Key Highlights
- SOL experienced a 5.4% decline, sliding below the $80 threshold as geopolitical worries tied to Trump’s Iran warnings triggered market-wide selling
- Critical overhead resistance zone identified between $82.22 and $85.94; losing $78 support could accelerate decline toward $67
- Liquidations of long positions surpassed $20 million within a 24-hour window, indicating intensifying downward pressure
- Daily chart RSI has fallen beneath the 40 level, validating the bearish trend continuation
- Market observers identify $50–$60 range as the next significant demand area should current support zones collapse
Solana (SOL) experienced significant downward pressure throughout the last 24-hour period, declining 5.4% and breaching the $80 threshold as market sentiment deteriorated broadly. The primary catalyst for this selloff stems from escalating geopolitical concerns, particularly President Donald Trump’s recent statements threatening to strike Iran with extreme force in the upcoming weeks.

Oil prices surged toward the $110 mark following these announcements. This sharp increase in energy costs has reignited inflation worries and prompted market participants to reassess their expectations for Federal Reserve monetary policy adjustments in 2026. Historically, diminished rate cut prospects create headwinds for speculative assets including cryptocurrencies.
Immediate overhead resistance has formed within the $82.22 to $85.94 corridor. This technical zone encompasses multiple Fibonacci retracement levels including the 23.6%, 38.2%, and 50.0% markers. Any attempted recovery pushing into this region may encounter renewed selling pressure unless substantial buying interest materializes.
Volume Surge and Liquidation Data Reveal Bearish Momentum
Trading activity for Solana surged by 30% over the past day, climbing to approximately $6 billion—a figure representing roughly 13% of the token’s total circulating market capitalization. This substantial volume increase signals aggressive selling behavior from market participants.
Long position liquidations exceeded the $20 million mark during this timeframe. Should this metric climb above $25 million, it would represent one of the most severe liquidation events for SOL bulls since early February, when the token plummeted from $100 down to $78.
The Relative Strength Index displayed on the daily timeframe has declined below 40, a technical threshold that generally validates strengthening bearish momentum. Additionally, three consecutive sell signals have emerged on the 4-hour chart, indicating that institutional-level participants are actively reducing their positions.
Losing the $78 support threshold would create a pathway toward $67, representing an additional 13% decline from present price levels.
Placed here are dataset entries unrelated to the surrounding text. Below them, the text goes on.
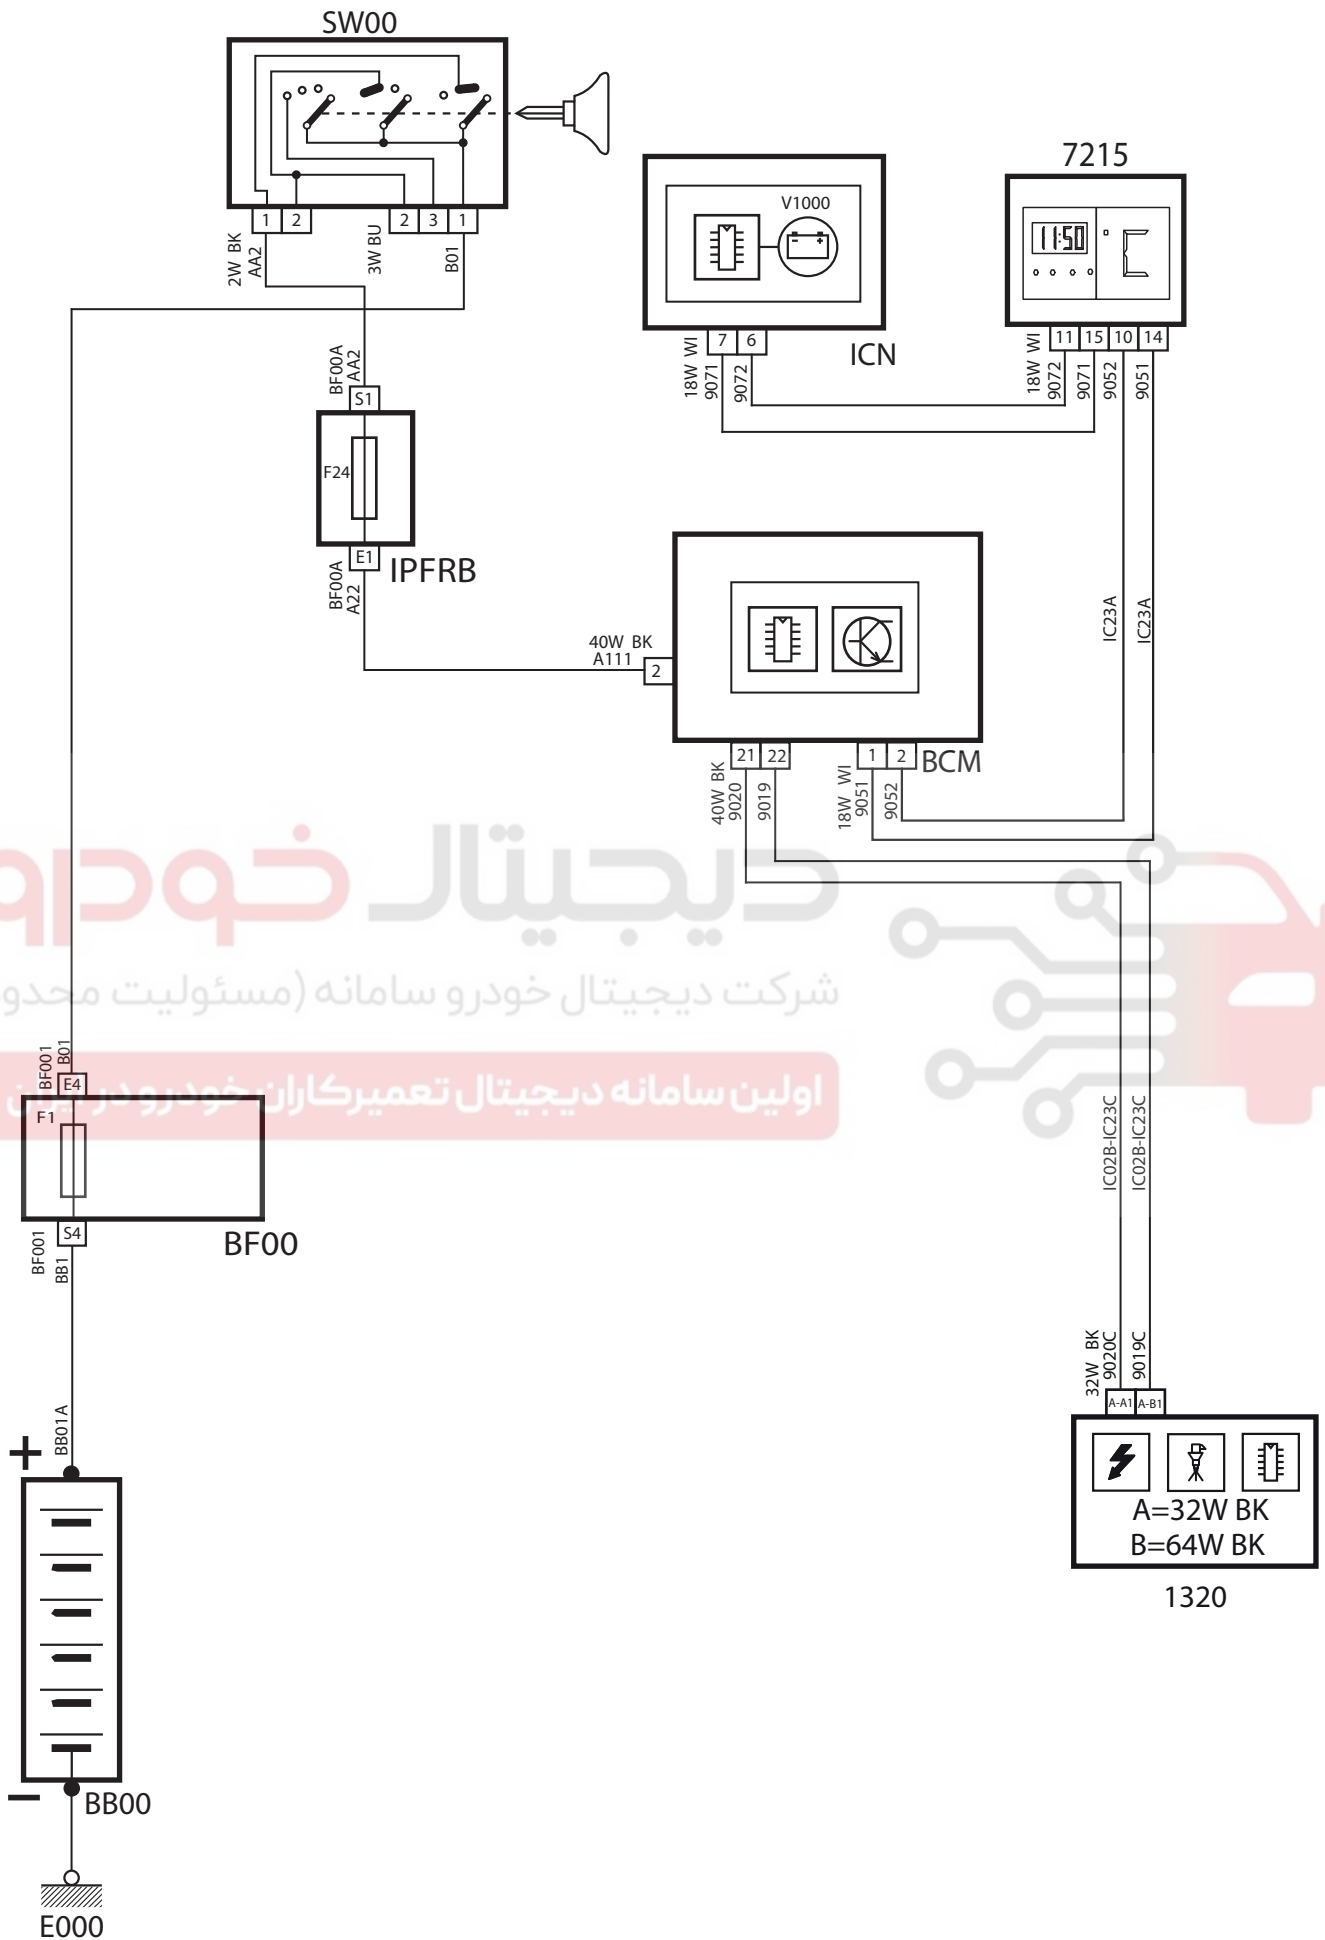

FUEL GAUGE–Runna LX Eco Mux Siemens ETC (Easy u)

شرح	کد
باتري	BB00
جعبه فيوز داخل اتاق	IPFRB
جعبه فيوز داخل محفظه موتور	BF00
سوئيچ	SW00
نود مرکزی داخل اتاق	BCM
نود جلو آمپر	ICN
کنترل يونيت موتور	1320
نمایشگر چند منظوره	7215

دیجیتال خودرو

شرکت دیجیتال خودرو سامانه (مسئولیت محدود)

اولین سامانه دیجیتال تعمیرکاران خودرو در ایران

Fuel Gauge - Run/ha LK Eco Mix Siemens ETC (Easy u)

دیجیتال خودرو
شرکت دیجیتال خودرو سامانه (مسئولیت محدود)
اولین سامانه دیجیتال تعمیرکاران خودرو
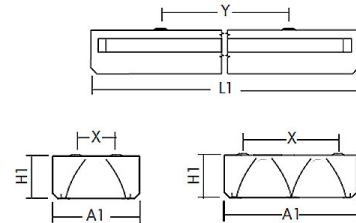

argon Einbauleuchte Sport, 122 Watt, LED

Art. Nr: SPE90Sa.12284.M.S1W1

Technische Daten/Bestelldaten

Leuchtkörper

Montageart: Einbauleuchte

Maße (Angabe in mm):

A1: 620 / H1: 85 / L1: 620 /

Deckenausschnitt: 605x605 mm

Material: Stahlblech

Farbe: Weiß (RAL 9003)

Elektrotechnik:

Betriebsgerät: LED Betriebsgerät schaltbar

Netzfrequenz: 50-60 Hz

Netzspannung: 220-240 V

Umgebungstemperatur: -0°C bis +20°C °C

Lichttechnik:

Optisches System: Mikroprismatik

Leistungsaufnahme: 122 W

Farbtemperatur: 4000 K

Lichtstrom: 14900 lm

Lichtverteilung: direkt strahlend

Farbwiedergabe: CRI > 80

Lebensdauer: 50.000h (L90 B 50)

Long-Term Technical Structure Suggests Further Downside
Examining extended timeframes, analyst James Easton published a 14-day chart illustrating SOL’s movement within a tightening descending channel formation. The technical pattern displays a sequence of lower peaks and lower troughs extending from the late 2024 to early 2025 high.
Solana maintained robust support within the $110 to $120 range previously. However, this level has now transitioned into a resistance barrier. Market analysts emphasize that inability to recapture the $100–$110 territory maintains downside vulnerability, with $60 followed by $50 marked as the subsequent major accumulation areas.
Each recovery attempt has thus far been unable to disrupt the pattern of declining peaks. With long position liquidations surpassing $20 million in just the past 24 hours, short sellers maintain a tactical advantage should the $78 level fail to provide adequate support.